What is required. Images aside, return all the entries exactly.

Collection entries.
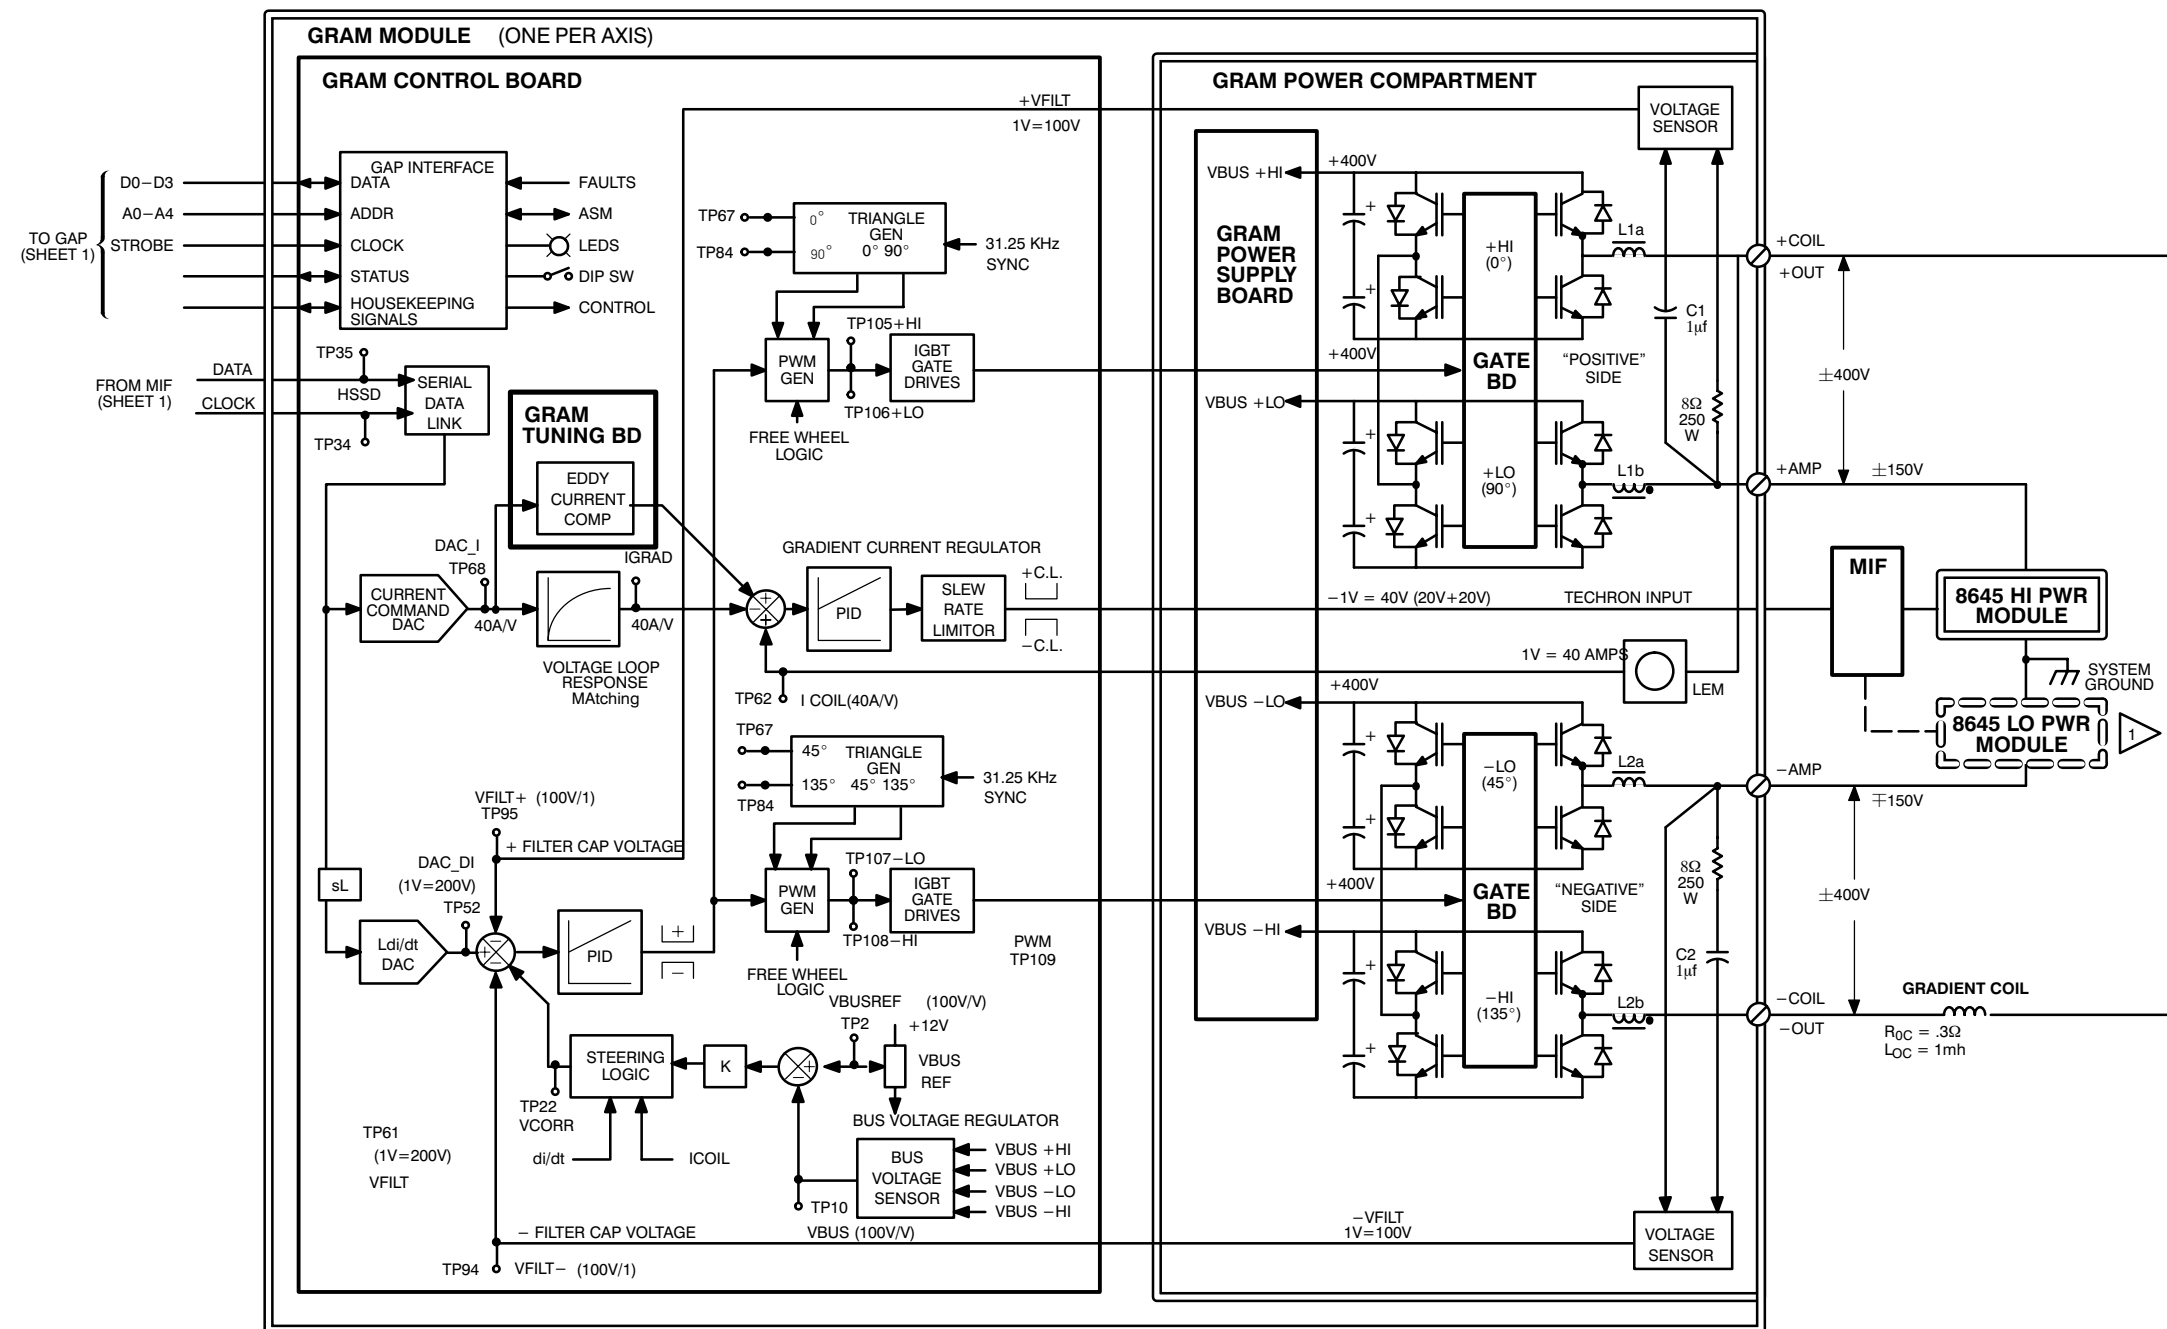

**SIGNA (8.X) – BASE
8645 GRADIENT DRIVER SUBSYSTEM
(OVERVIEW)**

SHEET 1A OF 3

SIGNA (8.X) – HISPEED
8645 GRADIENT DRIVER SUBSYSTEM
(OVERVIEW)
 SHEET 1B OF 3

**SIGNA (8.X) – ECHOSPEED
8645 GRADIENT DRIVER SUBSYSTEM
(OVERVIEW)**

SHEET 1C OF 3

SIGNA (8.X) – BASE/HISPEED/ECHOSPEED
8645 GRADIENT DRIVER SUBSYSTEM
 (8645 GRADIENT AMPLIFIER CABINET)
 SHEET 2 OF 3

NOTE:
 SECOND 8645 POWER MODULE PRESENT ON EACH AXIS ONLY FOR SIGNA ECHOSPEED.

**SIGNA (8.X) – HISPEED/ECHOSPEED
8645 GRADIENT DRIVER SUBSYSTEM
(GRAM CABINET)**

SHEET 3 OF 3
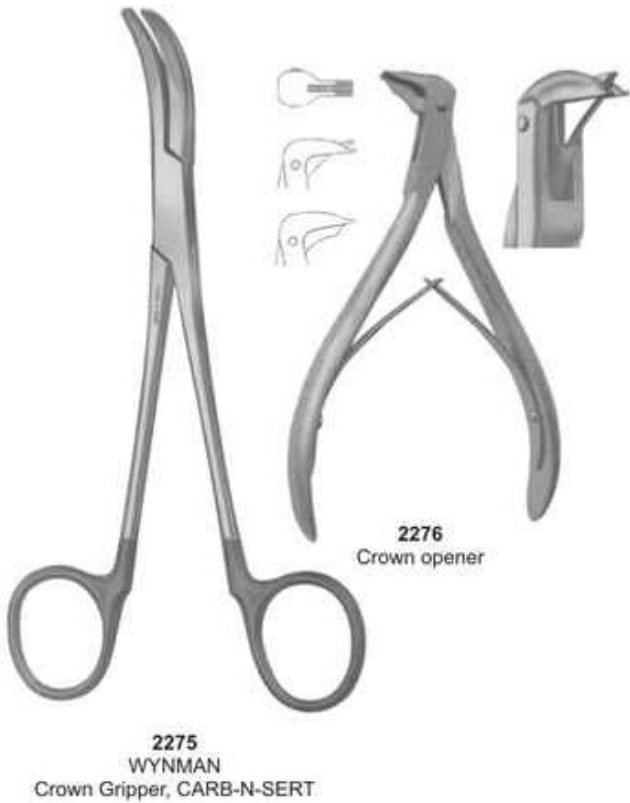

2200
Ck1
Pocket Marker

2201
Ck2
Pocket Marker

2202
Knife

2203
Dissector

2204
Scaler

OCHSENBEIN

2205
Ochsenbein
Fig. 1

2206
Ochsenbein
Fig. 2

2207
Ochsenbein
Fig. 4

Split Chisel Set

2208
Split Chisel
6 mm Curved

2209
Split Chisel
6 mm Straight

2210
Split Chisel
4 mm Curved

2211
Split Chisel
4 mm Straight

CURETTES & SPATULAS

CURETTES & SPATULAS

2282
Plaster Shear
210 mm

2283
Crown Removing Plier
14 cm

2284
MONTFORT
18 CM

2285
BOHM
16 cm

2286
Telescope Crown
Plier, Diamond coated
13.0 cm

2287
Telescope Crown
Plier, Diamond coated
13.0 cm

2288
Telescope Crown Plier
13.0 cm gerieften Maul
15.0 cm gerieften Maul
13.0 cm gelatts Maul
15.0 cm gelatts Maul

2289
Telescope Crown
Plier, Fine
15.0 cm

CURETTES & SPATULAS

Kerrison Rongeurs

- (1.5 mm inside) 2311
 - (2.0 mm inside) 2312
 - (3.0 mm inside) 2313
 - (4.0 mm inside) 2314
 - (4.5 mm inside) 2315
- 16.5 cm**
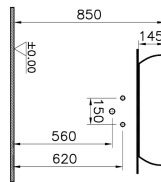

Name	Outline Bowl
Collection	Outline
Color	Matte Mink
Designer	VitrA Design Team
Size	63 cm
Tap Hole Options	No Tap Hole
Shape	TV-shape
Countertop Usage	Suitable
Overflow Hole	No
Certificate	CE
Certificate	EPD
Segments	Upper

## Description

Without Tap Hole, Without Overflow Hole, 63 cm, Matte Mink

VitrA reserves the right to make changes in products and technical details without prior notice.

All drawings contain the necessary measurements which are subject to standard tolerances. For exact measurements, in particular for customized installation scenarios, it can only be taken from the finished ceramic product.

Answer.
**SIGNA (8.X) – BASE
8645 GRADIENT DRIVER SUBSYSTEM
(OVERVIEW)**

SHEET 1A OF 3

SIGNA (8.X) – HISPEED
8645 GRADIENT DRIVER SUBSYSTEM
(OVERVIEW)
 SHEET 1B OF 3

**SIGNA (8.X) – ECHOSPEED
8645 GRADIENT DRIVER SUBSYSTEM
(OVERVIEW)**

SHEET 1C OF 3

SIGNA (8.X) – BASE/HISPEED/ECHOSPEED
8645 GRADIENT DRIVER SUBSYSTEM
 (8645 GRADIENT AMPLIFIER CABINET)
 SHEET 2 OF 3

NOTE:
 SECOND 8645 POWER MODULE PRESENT ON EACH AXIS ONLY FOR SIGNA ECHOSPEED.

**SIGNA (8.X) – HISPEED/ECHOSPEED
8645 GRADIENT DRIVER SUBSYSTEM
(GRAM CABINET)**

SHEET 3 OF 3

2200
Ck1
Pocket Marker

2201
Ck2
Pocket Marker

2202
Knife

2203
Dissector

2204
Scaler

OCHSENBEIN

2205
Ochsenbein
Fig. 1

2206
Ochsenbein
Fig. 2

2207
Ochsenbein
Fig. 4

Split Chisel Set

2208
Split Chisel
6 mm Curved

2209
Split Chisel
6 mm Straight

2210
Split Chisel
4 mm Curved

2211
Split Chisel
4 mm Straight

CURETTES & SPATULAS

CURETTES & SPATULAS

2282
Plaster Shear
210 mm

2283
Crown Removing Plier
14 cm

2284
MONTFORT
18 CM

2285
BOHM
16 cm

2286
Telescope Crown
Plier, Diamond coated
13.0 cm

2287
Telescope Crown
Plier, Diamond coated
13.0 cm

2288
Telescope Crown Plier
13.0 cm gerieften Maul
15.0 cm gerieften Maul
13.0 cm gelatts Maul
15.0 cm gelatts Maul

2289
Telescope Crown
Plier, Fine
15.0 cm

CURETTES & SPATULAS

Kerrison Rongeurs

- (1.5 mm inside) 2311
 - (2.0 mm inside) 2312
 - (3.0 mm inside) 2313
 - (4.0 mm inside) 2314
 - (4.5 mm inside) 2315
- 16.5 cm**

Name	Outline Bowl
Collection	Outline
Color	Matte Mink
Designer	VitrA Design Team
Size	63 cm
Tap Hole Options	No Tap Hole
Shape	TV-shape
Countertop Usage	Suitable
Overflow Hole	No
Certificate	CE
Certificate	EPD
Segments	Upper

## Description

Without Tap Hole, Without Overflow Hole, 63 cm, Matte Mink

VitrA reserves the right to make changes in products and technical details without prior notice.

All drawings contain the necessary measurements which are subject to standard tolerances. For exact measurements, in particular for customized installation scenarios, it can only be taken from the finished ceramic product.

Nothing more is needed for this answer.